Figure 2. Box plots showing the Chao1 index in feces of ex-GF FMT recipients of material from B6J donors (a) or B6N donors (b) 1 week (1w) or 2 weeks (2w) post-FMT, or cecal contents (c) 2 weeks post-FMT, in relation to the relevant donor (d) group. (c,d) Box plots showing Shannon diversity in the same groups. Bars represent significantly differing groups. p < 0.05 Tukey post hoc testing.

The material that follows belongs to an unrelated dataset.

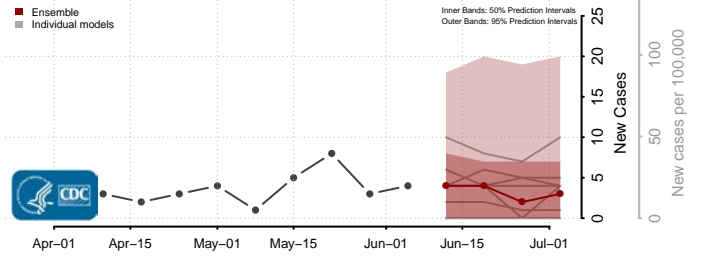

Wayne County, Mississippi

Similar comparison of the Shannon diversity revealed a significant effect of shipping on B6J donors and their recipients (p = 0.007, F = 8.3) but no overall (p = 0.322, F = 1.2) or pairwise differences between donors and recipients and no interactions (). In mice receiving B6N material, however, there was no effect of shipping on Shannon diversity (p = 0.192, F = 1.8), and a significant effect of donor versus recipient (p < 0.001, F = 9.1) with no interaction (). Pairwise comparisons found that while fecal samples from mice receiving pre-shipping material from B6N had not reached full diversity at 1 week post-FMT, no differences were detected between either recipient group and their B6N donors in fecal or cecal diversity at 2 weeks post-FMT. Collectively, these data suggest that while the GM of B6N mice is more efficient at comprehensive colonization of GF mice than the GM of B6J mice, both GMs mature within recipients and develop alpha-diversity comparable to their donors. These data also suggest that the B6J GM is preferentially susceptible to the effects of shipping.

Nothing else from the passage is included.